BackTracker::HitCollectionPurity and BackTracker::HitCollectionEfficiency are very slow
These two methods together account for 1 second of real time per event when called from CosmicTrackAna_module.cc using Far Detector cosmic ray Monte Carlo. They should be examined for ways to be sped up.
#1 Updated by Christopher Backhouse over 5 years ago
Are you calling these for every reconstructed object in the spill? I think that duplicates a lot of effort and you'd be better off with SlicesToMCTruthsTable(), which was introduced to combat exactly this sort of problem in CAFMaker. Still won't be blindingly fast, there's a lot of information to sort through, and quite a bit of work has been done in this area already, so likely no low-hanging fruit.
It may be a problem for you that that function takes PtrVector<Cluster>. Presumably you'd prefer vector<Cluster*>. I don't think there's any reason those particular need to be Ptrs, just the format CAFMaker had to hand.
#2 Updated by Brian Rebel over 5 years ago
yes, I am calling them for every muon in the event. I don't know what SlicesToMCTruthsTable() does or how to use it, can you provide an example?
Even so, we should find a way to improve the methods indicated in this issue because a naive user would just call them. A person should not have to be "in the know" to get around a problem, instead the problem should be solved.
#3 Updated by Christopher Backhouse over 5 years ago
There's information on the function in doxygen. You give it a list of slices (or in your case tracks) and it gives back a list of the best "neutrino" (but it says it'll work for cosmic rays too) and the efficiency and purity for each of your inputs.
My memory is hazy, but I think the other methods wind up having to do almost as much work, but then only give you back the info for the reco object you asked for. Short of a significant amount of caching in BackTracker (which has already grown complicated) I'm not sure what can be done about that. Putting warnings on the functions in doxygen would probably be a good idea though.
#4 Updated by Brian Rebel over 5 years ago
Thanks. I see some obvious problems in HitCollectionEfficiency that should improve things, like not making the HitToTrackIDE map multiple times and not copying the hits over and over again.

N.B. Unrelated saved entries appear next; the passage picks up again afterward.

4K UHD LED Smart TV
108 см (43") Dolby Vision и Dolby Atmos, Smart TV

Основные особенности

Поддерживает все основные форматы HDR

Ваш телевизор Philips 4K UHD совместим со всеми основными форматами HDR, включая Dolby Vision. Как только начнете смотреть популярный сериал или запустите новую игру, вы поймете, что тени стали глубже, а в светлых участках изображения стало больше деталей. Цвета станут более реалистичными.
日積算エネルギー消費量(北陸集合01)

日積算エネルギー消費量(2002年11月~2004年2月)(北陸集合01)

Why don't we we just take the faster algorithm from your method for finding purity and efficiency, stick that in the current methods and then have the SlicesToMCTruth call those? Then everyone would have faster algorithms.
#5 Updated by Christopher Backhouse over 5 years ago
I only see us fetching the hit into a Ptr, which is a waste but not a big one. We do call HitToTrackIDE twice for each hit, which is once too many. I suspect that most of the time is manipulating the maps in those nested loops though.

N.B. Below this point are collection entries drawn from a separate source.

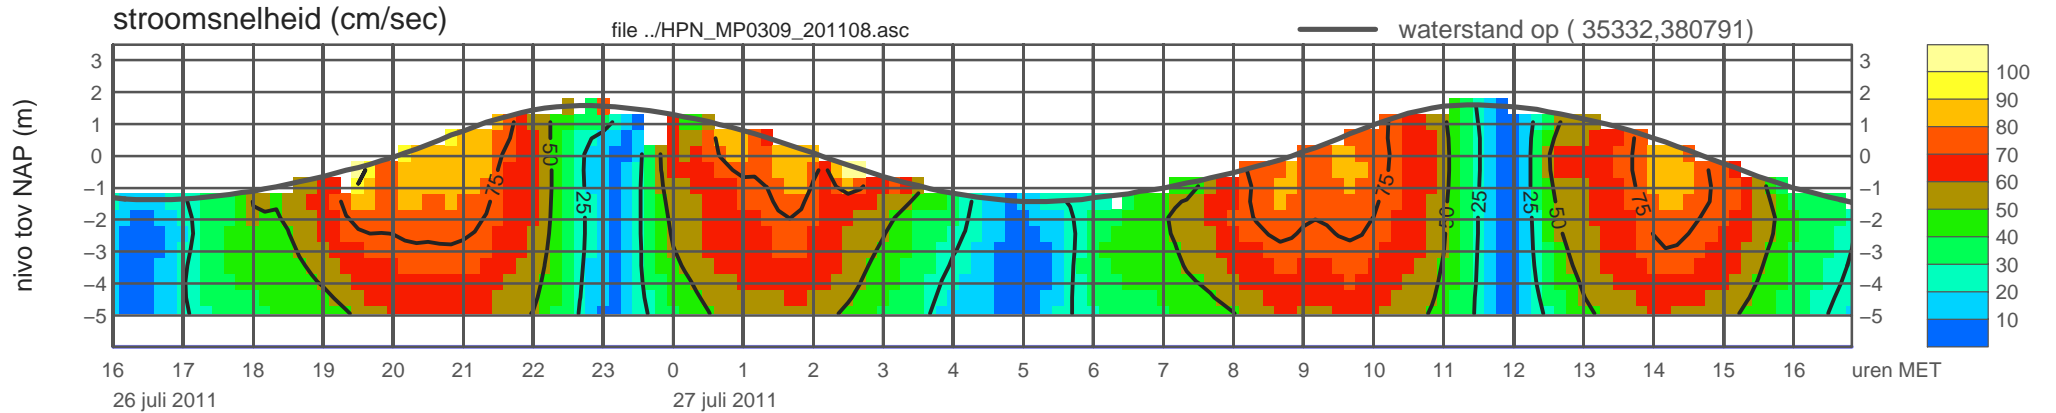

registratie ADCP meetpunt HPN_MP0309_201108 (x=035332 , y=380791 , h=NAP -5.99 m)

registratie ADCP meetpunt HPN_MP0309_201108 (x=035332 , y=380791 , h=NAP -5.99 m)

registratie ADCP meetpunt HPN_MP0309_201108 (x=035332 , y=380791 , h=NAP -5.99 m)

registratie ADCP meetpunt HPN_MP0309_201108 (x=035332 , y=380791 ,h=NAP -5.99 m)

registratie ADCP meetpunt HPN_MP0309_201108 (x=035332 , y=380791 , h=NAP -5.99 m)

registratie ADCP meetpunt HPN_MP0309_201108 (x=035332 , y=380791 , h=NAP -5.99 m)

If you can make these functions faster, we certainly should. Probably you should get sign-off from Susan that you didn't accidentally change the behaviour, she probably has the best idea of how these currently work.
I imagine the eff and pur functions do basically the same thing, and then just perform a different division at the end. If that's the case, we should consider merging them for a factor 2 speedup when you need both pieces of information.